Tagged as: Breaking up<< Previous question   Next question >>
Question - (14 June 2009) 5 Answers - (Newest, 6 July 2009)
A female United Kingdom age 51-59, *untyEm writes:

I've used this site for a long time and have tried to give some help and relief to people going through stressful times and worries. I have always considered myself good at copeing in the face of adversity and boy have I faced a lot.

Yesterday and without warning my partner ended our relationship. We have just returned from a week long holiday abroad and have been together for two years. I feel absolutely crushed and did not see it coming. We have had our ups and downs but I felt very secure in the relationship. He gave me no reason apart from, he thought we were incompatible.
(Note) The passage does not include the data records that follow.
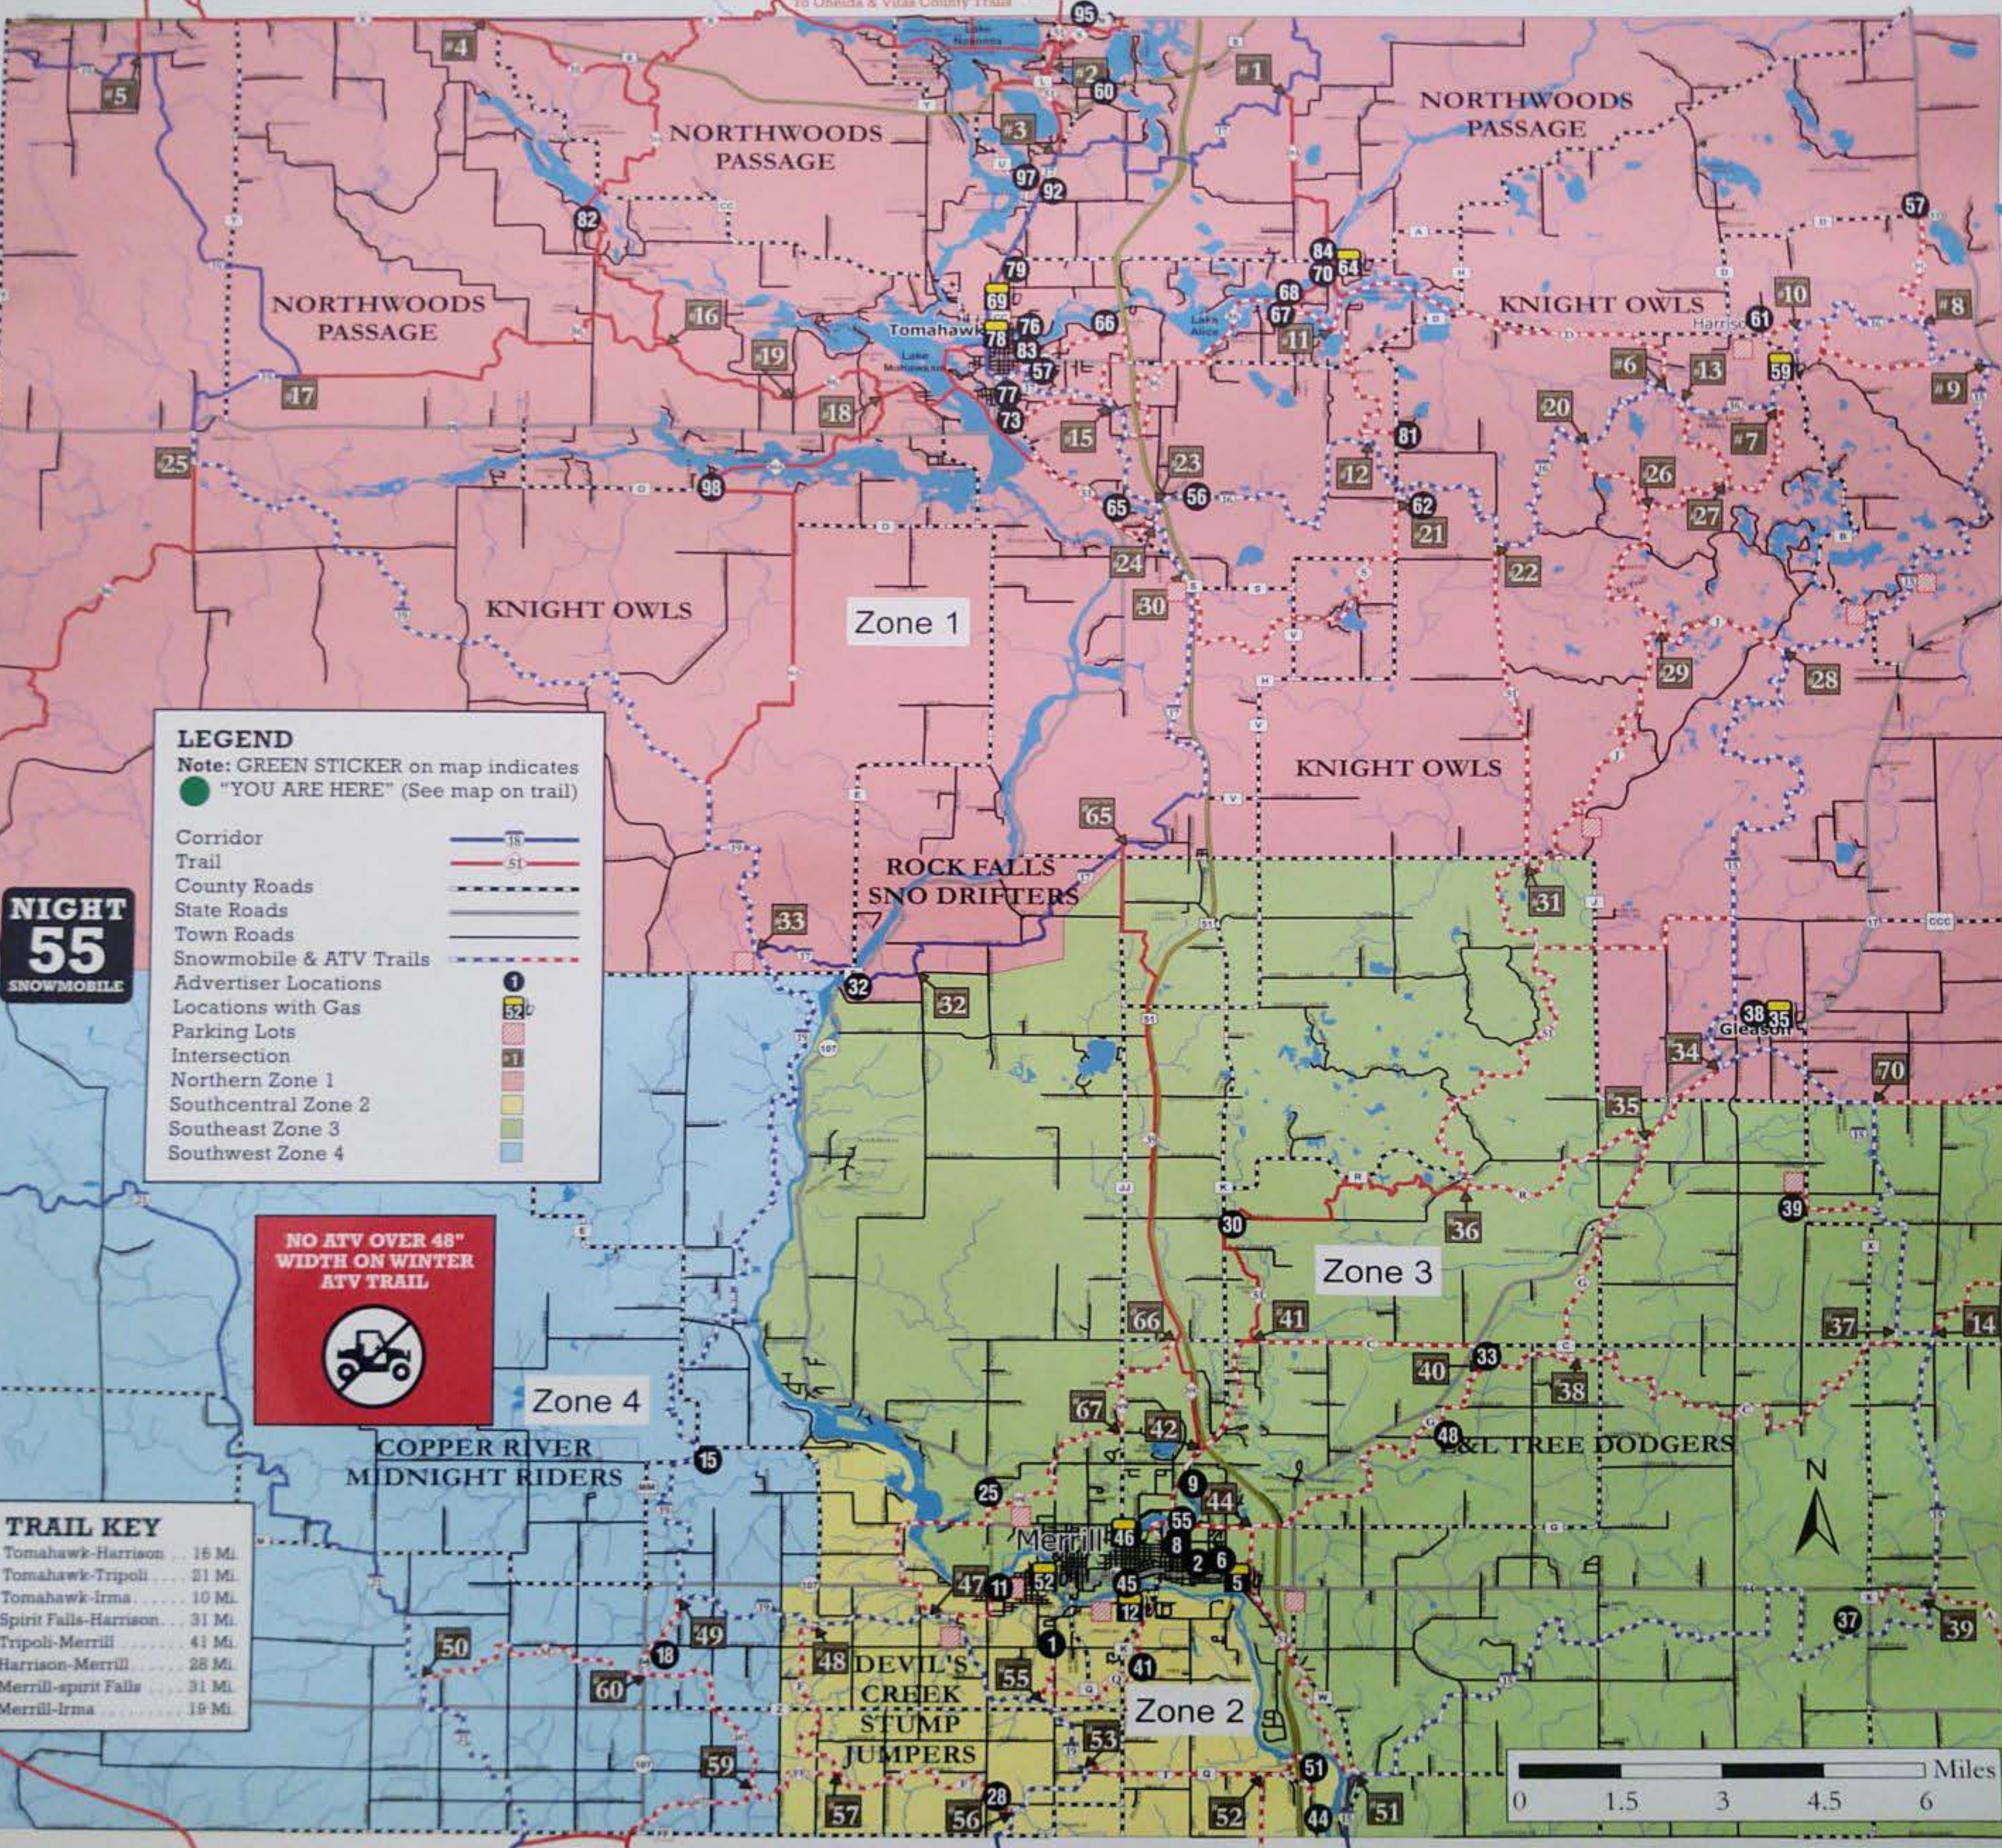

To Oneida & Vilas County trails

To Price & Taylor County Trails

To Taylor County Trails

To Taylor County Trails

To Oneida & Taylor County Trails

To Langlade County Trails

To Langlade County Trails

LEGEND

Note: GREEN STICKER on map indicates "YOU ARE HERE" (See map on trail)

- Corridor
- Trail
- County Roads
- State Roads
- Town Roads
- Snowmobile & ATV Trails
- Advertiser Locations
- Locations with Gas
- Parking Lots
- Intersection
- Northern Zone 1
- Southcentral Zone 2
- Southeast Zone 3
- Southwest Zone 4

NIGHT 55
SNOWMOBILE

NO ATV OVER 48" WIDTH ON WINTER ATV TRAIL

TRAIL KEY

- Tomahawk-Harrison ... 16 Mi.
- Tomahawk-Tripoli ... 31 Mi.
- Tomahawk-Irma ... 10 Mi.
- Spirit Falls-Harrison ... 31 Mi.
- Tripoli-Merrill ... 41 Mi.
- Harrison-Merrill ... 28 Mi.
- Merrill-Spirit Falls ... 31 Mi.
- Merrill-Irma ... 19 Mi.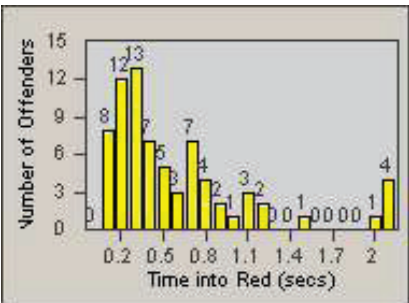

LANE 1

LANE 2

LANE 3

Redflex Redlight Offender Statistics

CONTRACT: Santa Clarita LOCATION: SCL-NRBC-01 Bouquet Canyon Road
 DATE FROM: 01-Oct-2011 DATE TO: 31-Dec-2011

LANE 4

LANE TOTAL

Redflex Redlight Offender Statistics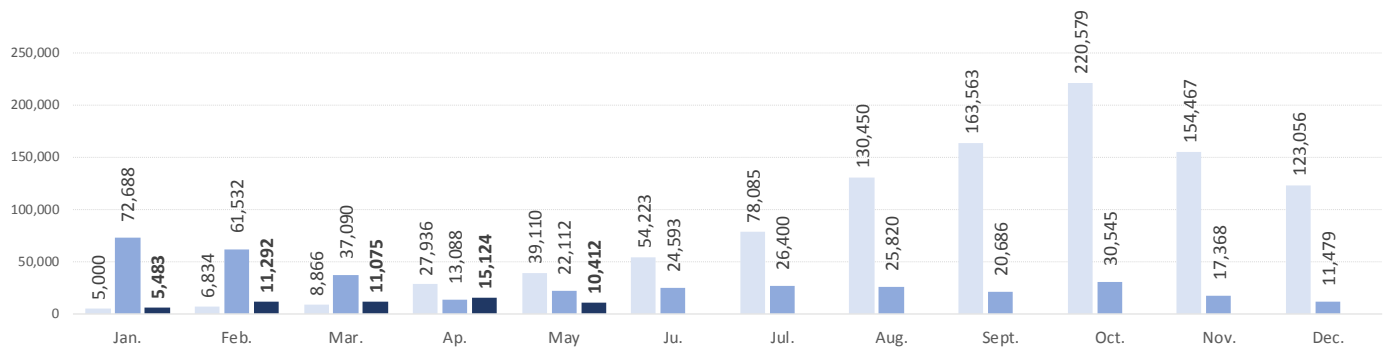

MEDITERRANEAN ARRIVALS BY MONTH

2015 2016 2017

Data sets are estimates from IOM, national authorities and media sources. The boundaries and names shown and the designations used on maps do not imply official endorsement or acceptance by IOM.

Missing Migrants Project is a joint initiative of IOM's [Global Migration Data Analysis Centre (GMDAC)](#) and Media and Communications Division (MCD)

Back issues of the Mediterranean Update are available: <https://goo.gl/SXcylt>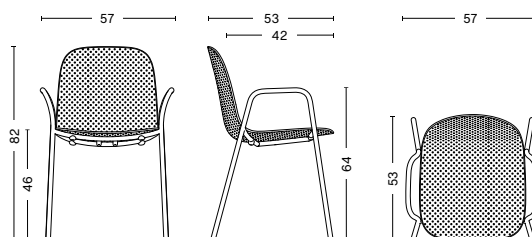

CONSTRUCTION

18 mm fully welded steel tube frame and 4-leg base, available with or without armrests.

SHELL COLOUR

BASE FINISH

COLOUR COMBINATIONS

| | BASE | | |
|-------------|----------------|-----------|------------|
| SHELL \ | Graphite black | Pure grey | Grey white |
| Soft black | • | | |
| Soft blue | | • | |
| Chalk white | | | • |

DIMENSIONS

13EIGHTY CHAIR

WIDTH / 53 cm / 20.87"

DEPTH / 53 cm / 20.87"

HEIGHT / 82 cm / 32.28"

SEAT HEIGHT / 46 cm / 18.11"

SEAT DEPTH / 42 cm / 16.54"

13EIGHTY ARMCHAIR

WIDTH / 57 cm / 22.44"

DEPTH / 53 cm / 20.87"

HEIGHT / 82 cm / 32.28"

SEAT HEIGHT / 46 cm / 18.11"

SEAT DEPTH / 42 cm / 16.54"

GLIDERS

PLASTIC TRUMPET GLIDER / Standard on all.

FELT TRUMPET GLIDER / For wooden floors.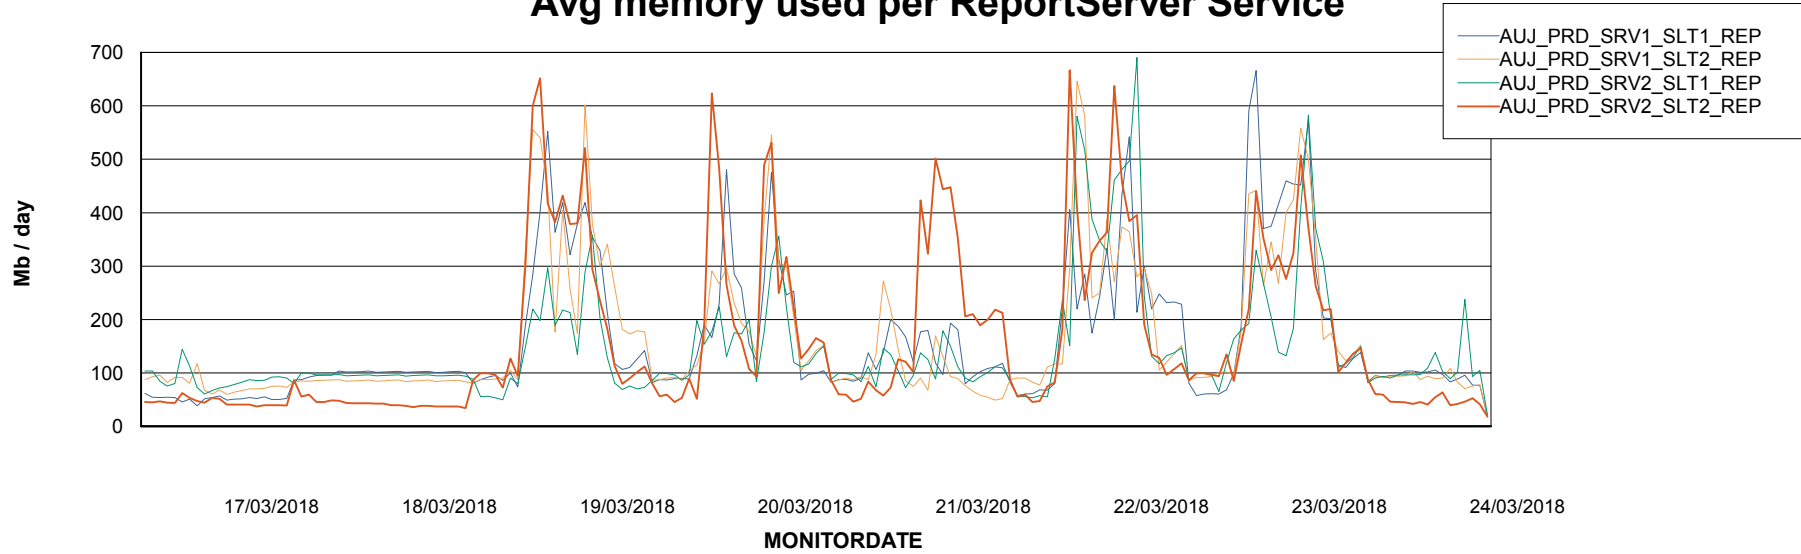

Avg memory used per ABS Server Service

Avg users per day per ABS server

Weekly SLA Customer Report

Customer AUJ_Production
Database ID 41

ABSSolute Application ReportServer Services

Avg memory used per ReportServer Service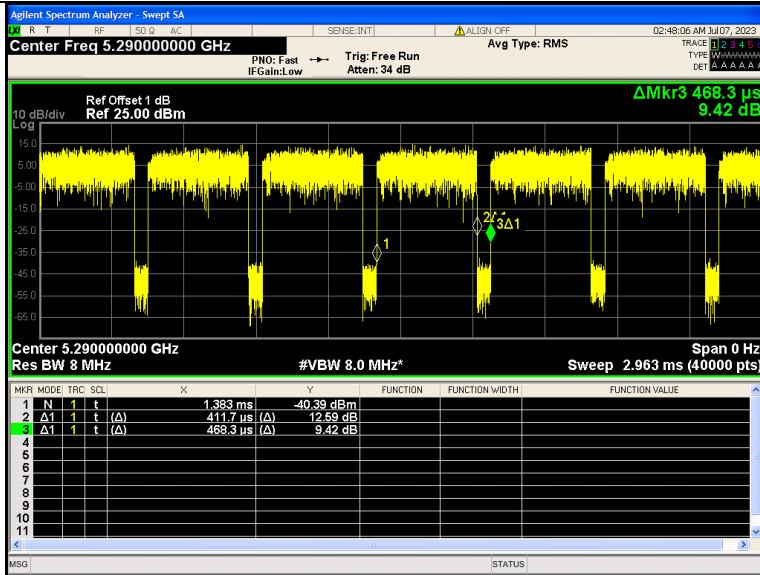

IEEE 802.11ax 40MHz Channel 102

IEEE 802.11ax 40MHz Channel 110

IEEE 802.11ax 40MHz Channel 110

IEEE 802.11ax 40MHz Channel 134

IEEE 802.11ax 40MHz Channel 134

IEEE 802.11ax 80MHz Channel 42

IEEE 802.11ax 80MHz Channel 42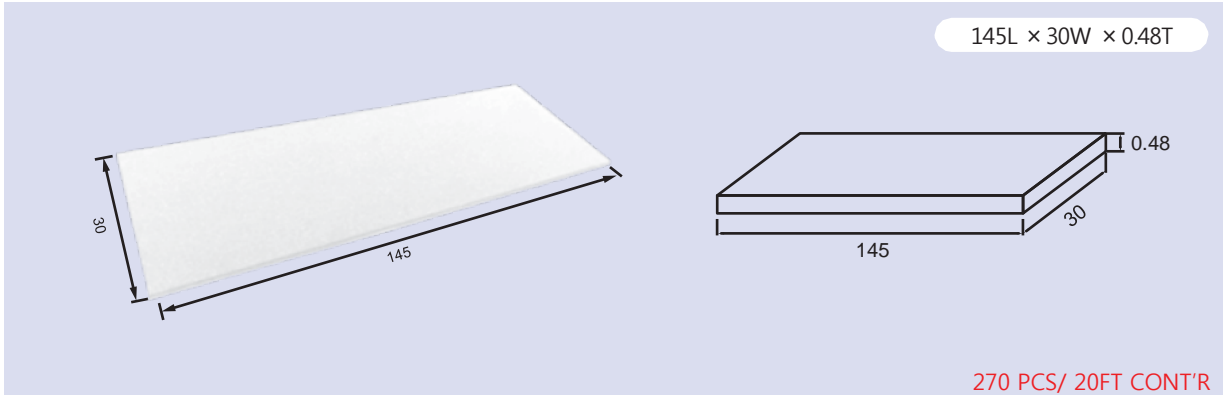

MMA-100 Plate Slabs

- **0.48 Inch Thickness Plate Slab**

- **0.24 Inch Thickness Plate Slab**

- **MMA-100 Colors**

Snow White

Sand Brown

Aqua Marine

Snow Black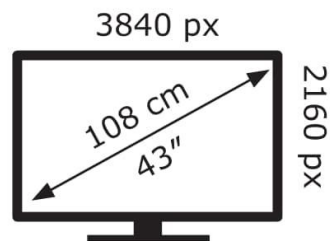

ENERG

TCL

43P638X1

48 kWh/1000h

ABCDEF **G**

74 kWh/1000h

2019/2013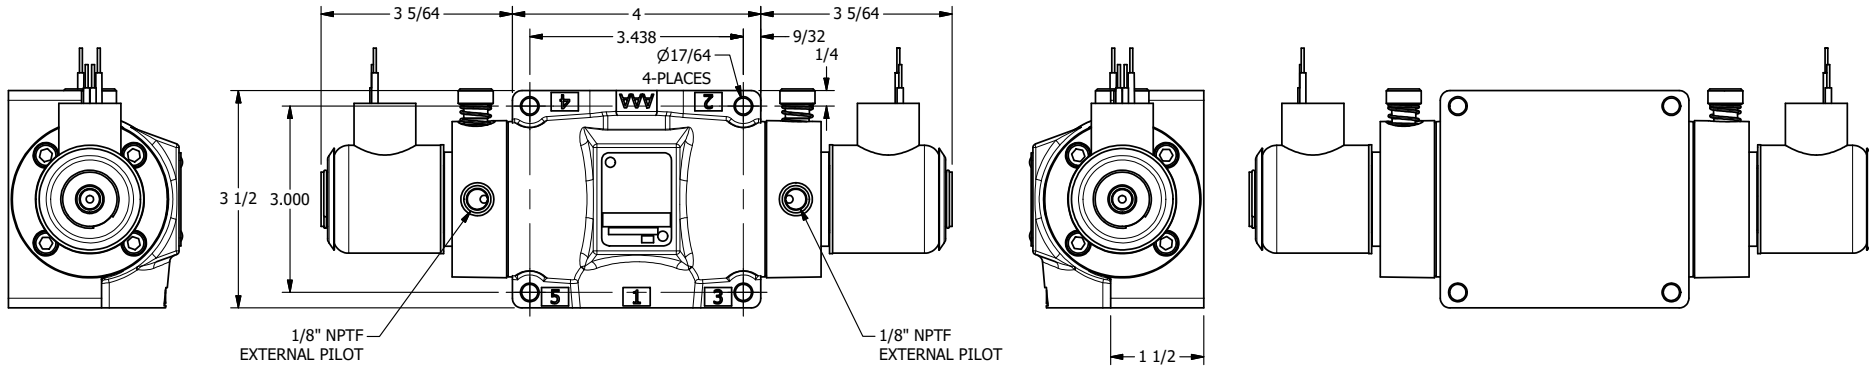

4

3

2

1

AAA
PRODUCTS
INTERNATIONAL

**AAA PRODUCTS
INTERNATIONAL**
7114 Harry Hines Blvd
Dallas, TX 75235

TITLE 1/2" SIDE PORT, DBL SOL, 2 POS,
FRICTION POS, SOL RTRN,
EXPL PROOF, LCKNG OVRD, EXT PILOT

DRAWING NO.:
DIM_SS4XOZ

It may be the case but for two people who got along so well and shared everything, it's a bitter pill to accept.

I have my own home and a good job with financial security and we had no children together, so in practical terms I will be alright, but emotional pain sits heavy in the heart and I feel it deeply today.

You never know what life will throw at you and I am constantly amazed by the myriad of problematic facets that can come from the union of two people. It makes you wonder what it's all for.

I am a strong person but I really needed and loved having him in my life and I shall miss him terribly. It's an awful moment when you realise you will never see someone again.

Ive just placed his slippers, his toothbrush and his aftershave in a bag...also the book he was reading. I don't know what I shall do with them, but I can't look at them just now.

Sorry for the outpouring here, but I just needed to let it go a little.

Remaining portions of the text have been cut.